To most 1st time home buyers, real estate can be confusing and overwhelming, especially with the real estate terms and numbers, but it shouldn’t have to be. Purchasing a home and selling a home are big steps in most peoples’ lives so it is important to stay informed. Feel free to contact me anytime with your real estate needs, and I will be happy to discuss your questions in terms we can all understand and make the process as easy as possible. Find me on Facebook @ http://www.facebook.com/RockstarRealEstates

Dream Coldwell Banker

Guest blogger: Matt Dobbe, Regional Marketing Coordinator, Coldwell Banker Residential Brokerage – Wisconsin Region

Funny bubble of real estate abbreviations

As someone new to the real estate industry, I’ve learned that buying a home is more than just bed and bath counts. It’s waterfront property, big yards, BICCs and a friendly neighborhood. It’s FSBOs, REOs and contracts and paperwork…A lot of paperwork.

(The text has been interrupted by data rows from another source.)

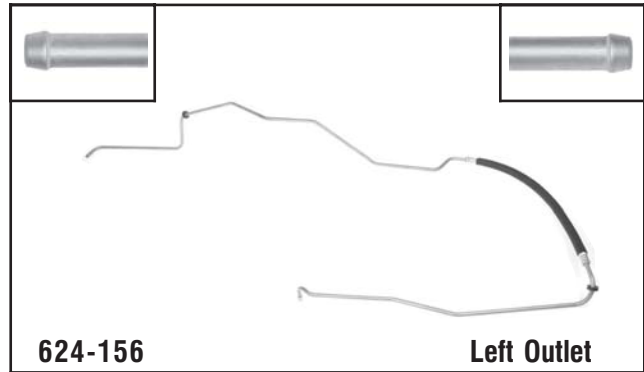

624-156

Left Outlet

GM
2000-96 C&K 2500 & 3500 Series Pickups, 1999-96 2500 Suburban w/ 7.4L
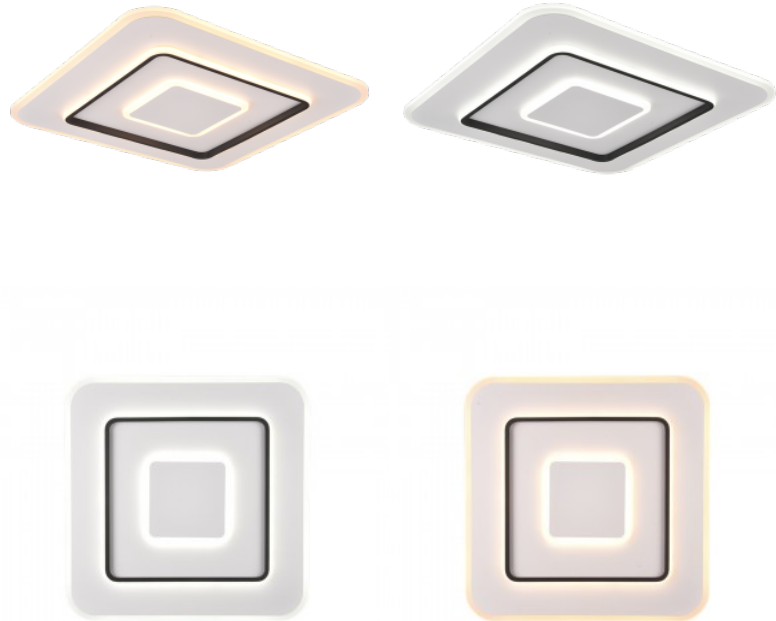

Product code 19598 switch dimmer dimmable

Brand [Trio Lighting](#)
Dimmable switch dimmer
Output 55W
Maximum output 6400W/1m
Luminous flux 6400lumens
Luminaire's efficiency lm79 116W
Correlated colour temperature warm + cold white 2700K-6000K
Protection class IP20
Height 60.0mm
Width 600.0mm
Length 600.0mm
Casing colour white
Casing material aluminium
Work environment indoor use

A timeless design with clear lines and elegant shapes defines the JORA ceiling light. The integrated features allow the brightness and light colour to be conveniently adjusted from warm white to cool white by remote control. Alternatively, the brightness can be set in 3 levels (25%, 50% and 100%) using a conventional light switch. The additional sleep timer function switches the light off automatically after a preset time, making the JORA a perfect ceiling light for the bedroom. The integrated night light and memory function round off the light perfectly. Create a lighting ambience with the JORA that can be modern, functional and cosy! Thanks to the modern design and the colour combination of matt white and matt black, the ceiling light brings a unique play of light into your feel-good zone. In addition, the luminaires feature modern LED technology, which stands for a high quality of light. LED light sources are characterized by a long service life and low heat generation.

It probably shouldn’t have surprised me, but I didn’t realize how much had to be signed, approved and permitted when buying or selling a home. I also didn’t know that all real estate agents were fluent in more than one language: The Language of Real Estate. The Language of Real Estate consists largely of acronyms and abbreviations and if you happen to be one who’s not fluent in Real Estate, deciphering what a certain acronym or term may mean can make it seem like you’re trying to crack a decades long real estate code; similar to…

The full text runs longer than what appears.